Maybe I asked this question because there is a part of me that believes you do need a degree. Then again, the areas of my life where I have the deepest well of knowledge has come from living life. Not a piece of paper or a target number or any other accolade.

It’s a perspective I’ve gained by committing to the process. Caring. Refining. Growing. And Loving.

Deciding to evolve.

Smile

Most people look better with a smile on their face. Not a disingenuous one, but a smile that says, “I’m in a good place, a willing participant and aware of the big picture – we’re all in this together.”

This doesn’t necessarily mean they are happy in that moment, but they wear it knowing it’s one part of a series of choices they make in order to get the perspective they want in life. Nothing wrong with that.

For whatever reason people choose to wear a smile, I’m alright with it. When I see someone walking down the street with a big grin on their face, I think they must know something I don’t know. And what is it?

Because I wouldn’t mind having that look on my face.

The Unknown

It seems to me that everyone believes they know EXACTLY how tomorrow is going to go. Even if they don’t have their day all scheduled out. I believe we all kid ourselves because we are terrified of the unknown. I certainly have been in the past. It’s something I work on daily. Part of it for me is doing my best to stay present in the moment without trying to “steer”my day into a particular direction. As the old saying goes, “Make plans and then watch God laugh at them.”

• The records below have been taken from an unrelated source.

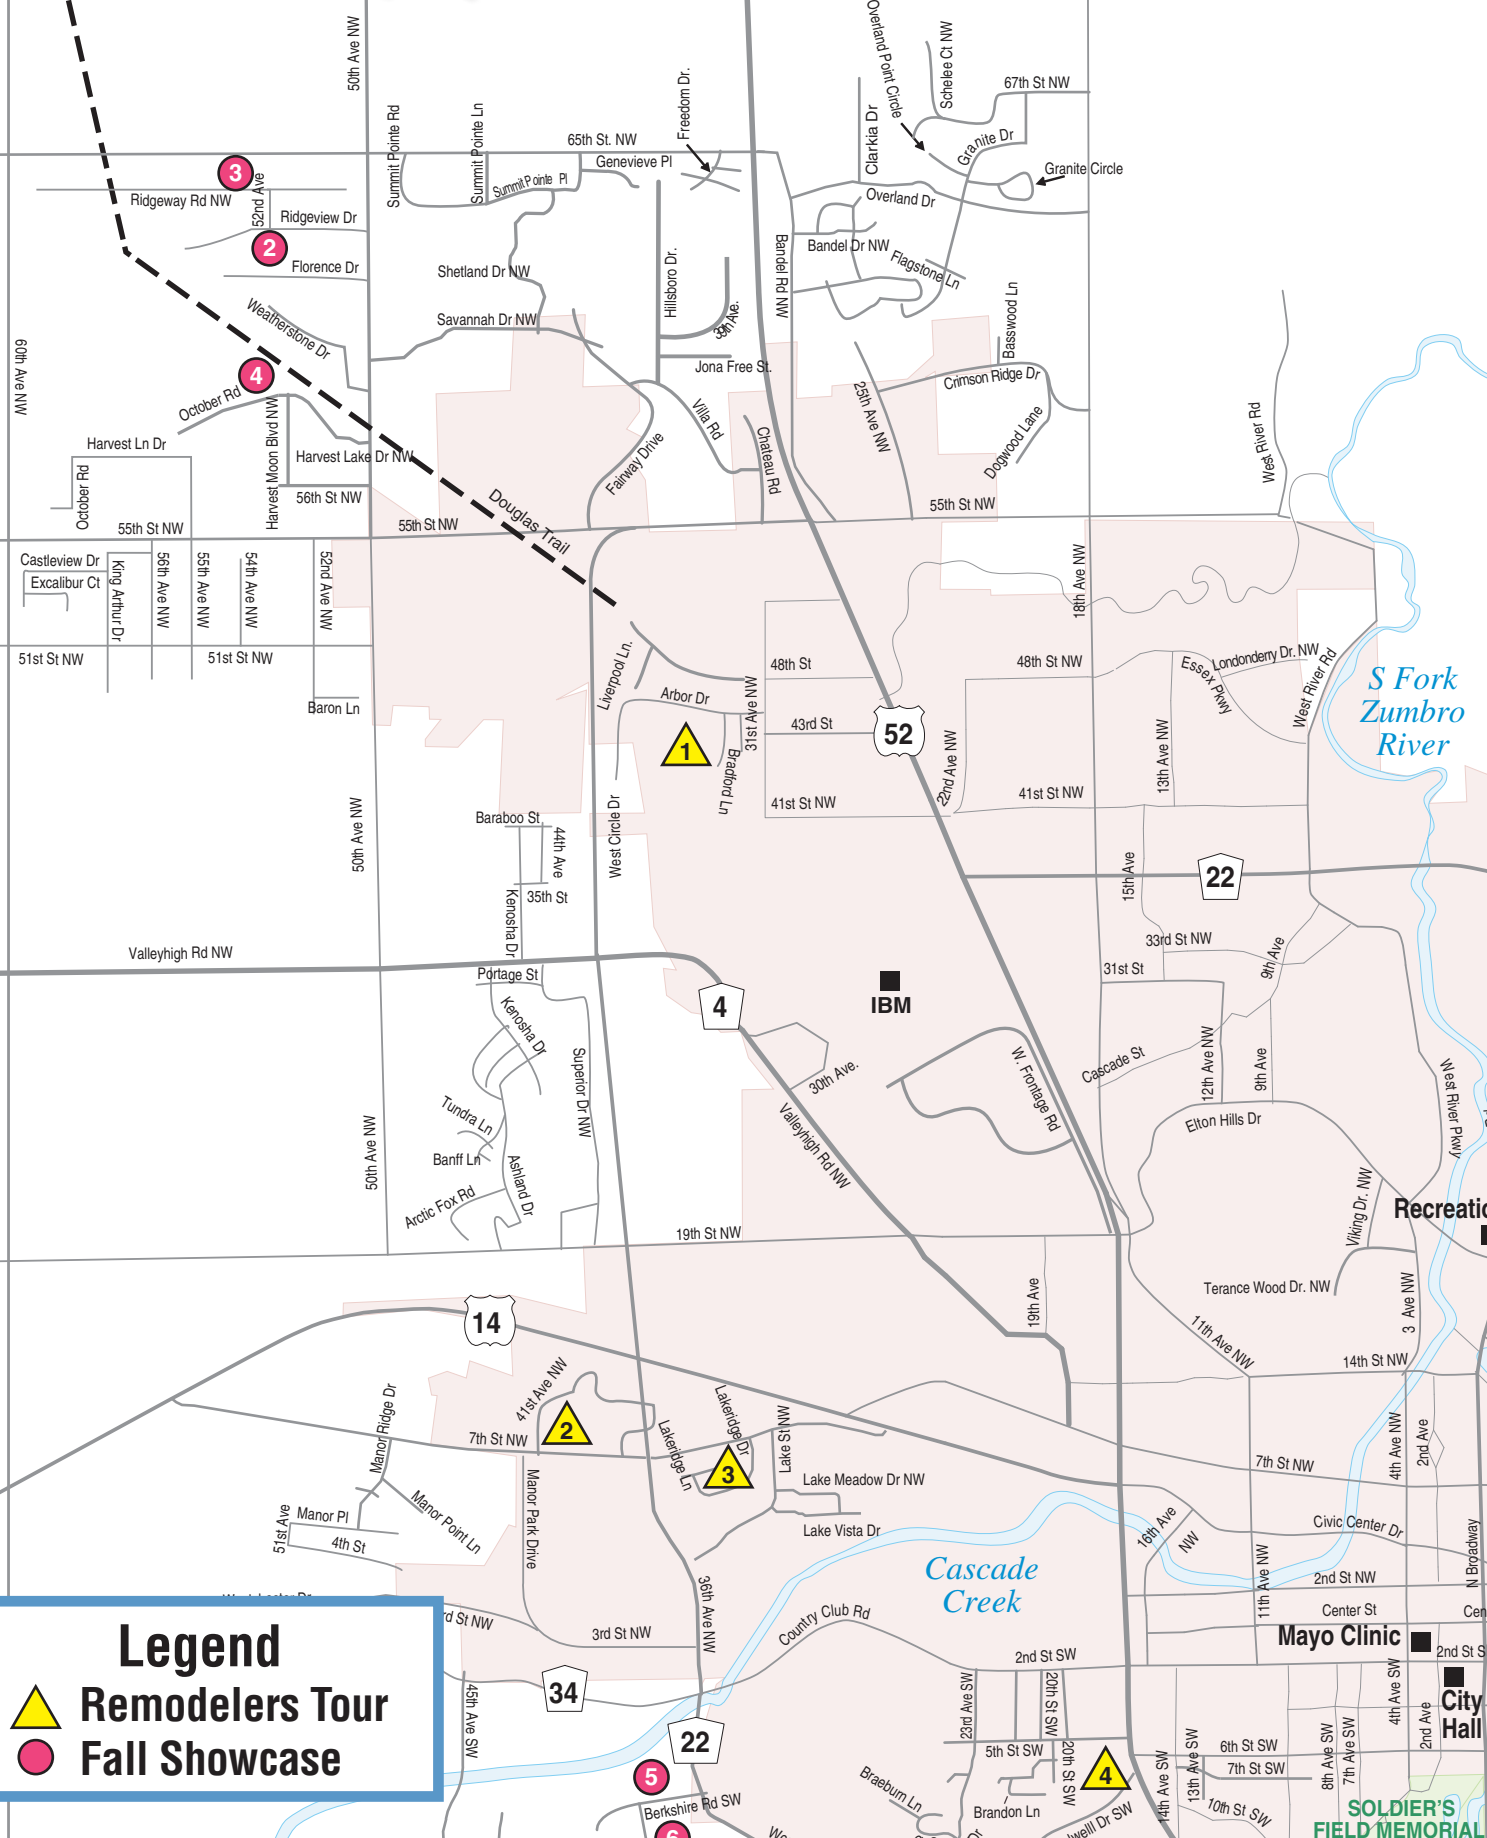

NW Rochester

Shenandoah Ln NW

To: Oronoco
Pine Island

75th St. NW

11th Ave NW

Legend
 Remodelers Tour
 Fall Showcase

To: Byron
Kasson

Recreation

Mayo Clinic

City Hall

SOLDIER'S
FIELD MEMORIAL

Don’t get me wrong, I’m not talking about pessimism. I’m referring to allowing each moment to come to you exactly the way it needs to. But, always expect the best. Some will argue that in order to get what you want you have to “take the bull by the horns” and make it happen. I hear that. There is nothing wrong with self-motivation, perseverance, tenacity and effort. What I’m saying is, keep your intentions clear and true and move forward the best way you know possible. Whatever is going to happen after that is going to happen. Just because you think you are controlling every aspect of your day and all the moving parts – that are completely out of your control – doesn’t mean you are.

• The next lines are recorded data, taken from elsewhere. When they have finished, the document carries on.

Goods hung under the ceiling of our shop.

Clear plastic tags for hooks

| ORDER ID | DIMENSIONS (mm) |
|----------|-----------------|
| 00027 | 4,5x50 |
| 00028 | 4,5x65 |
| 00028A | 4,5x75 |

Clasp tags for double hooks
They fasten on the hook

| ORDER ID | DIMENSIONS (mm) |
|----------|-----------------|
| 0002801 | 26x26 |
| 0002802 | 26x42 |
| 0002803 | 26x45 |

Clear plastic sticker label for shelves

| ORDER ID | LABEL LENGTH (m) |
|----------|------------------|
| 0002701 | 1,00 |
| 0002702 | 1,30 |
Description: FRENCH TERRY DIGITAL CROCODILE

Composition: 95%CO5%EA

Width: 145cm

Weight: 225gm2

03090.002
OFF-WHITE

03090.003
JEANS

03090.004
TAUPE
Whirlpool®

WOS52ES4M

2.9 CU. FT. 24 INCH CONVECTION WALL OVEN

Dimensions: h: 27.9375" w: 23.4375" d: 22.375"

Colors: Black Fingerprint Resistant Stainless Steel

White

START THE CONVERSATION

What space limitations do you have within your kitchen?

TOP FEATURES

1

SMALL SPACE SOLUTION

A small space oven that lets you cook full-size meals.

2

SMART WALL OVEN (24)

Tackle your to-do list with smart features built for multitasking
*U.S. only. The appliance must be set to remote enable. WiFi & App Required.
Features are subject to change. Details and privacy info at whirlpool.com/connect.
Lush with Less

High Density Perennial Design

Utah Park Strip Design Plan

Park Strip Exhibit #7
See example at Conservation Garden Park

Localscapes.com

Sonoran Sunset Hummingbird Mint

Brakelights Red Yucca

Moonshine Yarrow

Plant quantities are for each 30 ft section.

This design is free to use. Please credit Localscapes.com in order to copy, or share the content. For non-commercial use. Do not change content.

So, as they say, “Let go and let God”. Or whoever or whatever allows you to cut yourself loose from the binding ties of anxiety, stress and worry. I tell my kids all the time, if I thought it would help to resolve your problem by laying in your bed and crying all night, then do it. But it doesn’t. And you shouldn’t. Let it go into the unknown. There is power in letting go. It frees you up and empowers you to move forward and it allows the universe to bring you what’s next. And in my experience it’s not as bad as your mind creates it to be.

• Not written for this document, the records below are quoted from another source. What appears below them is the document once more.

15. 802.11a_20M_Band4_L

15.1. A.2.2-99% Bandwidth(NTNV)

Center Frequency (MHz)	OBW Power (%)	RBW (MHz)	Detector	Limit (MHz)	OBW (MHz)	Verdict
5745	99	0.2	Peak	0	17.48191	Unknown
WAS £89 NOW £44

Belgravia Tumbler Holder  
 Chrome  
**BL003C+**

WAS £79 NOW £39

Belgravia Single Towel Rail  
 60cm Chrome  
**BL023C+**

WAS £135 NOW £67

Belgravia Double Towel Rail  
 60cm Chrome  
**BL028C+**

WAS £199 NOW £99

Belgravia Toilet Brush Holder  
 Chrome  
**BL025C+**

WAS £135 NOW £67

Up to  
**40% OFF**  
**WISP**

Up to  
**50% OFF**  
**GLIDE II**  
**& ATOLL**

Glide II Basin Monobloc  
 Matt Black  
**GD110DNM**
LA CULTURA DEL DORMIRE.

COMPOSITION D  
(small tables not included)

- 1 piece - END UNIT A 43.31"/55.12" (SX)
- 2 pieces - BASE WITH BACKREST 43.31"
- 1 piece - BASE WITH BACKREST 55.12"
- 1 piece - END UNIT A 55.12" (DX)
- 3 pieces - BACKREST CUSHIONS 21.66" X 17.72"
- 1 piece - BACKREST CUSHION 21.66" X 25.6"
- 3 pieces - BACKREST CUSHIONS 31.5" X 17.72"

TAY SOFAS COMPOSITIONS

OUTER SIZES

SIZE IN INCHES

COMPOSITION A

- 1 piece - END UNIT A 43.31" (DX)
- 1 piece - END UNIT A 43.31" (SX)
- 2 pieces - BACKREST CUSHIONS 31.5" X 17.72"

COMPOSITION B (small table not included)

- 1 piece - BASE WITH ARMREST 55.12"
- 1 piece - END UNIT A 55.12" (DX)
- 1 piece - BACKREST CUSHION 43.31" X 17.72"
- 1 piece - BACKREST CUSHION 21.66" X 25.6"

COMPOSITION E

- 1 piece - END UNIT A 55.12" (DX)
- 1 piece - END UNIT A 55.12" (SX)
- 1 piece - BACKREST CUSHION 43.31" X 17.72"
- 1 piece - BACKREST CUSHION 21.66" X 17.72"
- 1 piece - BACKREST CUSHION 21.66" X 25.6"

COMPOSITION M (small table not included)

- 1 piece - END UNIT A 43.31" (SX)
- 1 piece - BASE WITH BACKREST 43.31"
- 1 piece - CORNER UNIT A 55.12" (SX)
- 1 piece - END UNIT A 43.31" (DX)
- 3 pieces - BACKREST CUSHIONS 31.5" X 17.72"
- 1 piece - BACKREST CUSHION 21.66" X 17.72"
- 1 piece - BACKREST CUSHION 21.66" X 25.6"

My goal is to live in the unknown all day. I believe the unknown is where the really good creative stuff comes from. The blackness of the unknown.

Here, anything can be the gateway to everything.

Silence

Silence is a precious commodity these days. I don’t think people get enough of it and what is maybe more concerning is they’re not even seeking it out. I have heard it is the space between the bars that holds the tiger in the cage and it is the silence between the notes that help make up the music. If that is true, how are we to process this constant noise in our daily lives with no end in sight? My guess is, not very well.

A friend of mine once entered an anechoic chamber to see how long he could remain in there in absolute silence (It is a room within a room used for testing products and other experiments). It is so quiet that the background noise measured at negative -9 dBA. You can hear your heart beating, your stomach gurgling and even your lungs. He lasted 15 minutes and he though he was going crazy for the first 5-10.

We’re not used to sitting in silence. We’ve been convinced that we need the TV on in the background, our AirPods in our ears while we run or talking incessantly while out in nature. Maybe not. Try turning these devices off, opening your window and listen. You may be pleasantly surprised at what you hear.

More importantly, you may be surprised at what you don’t hear.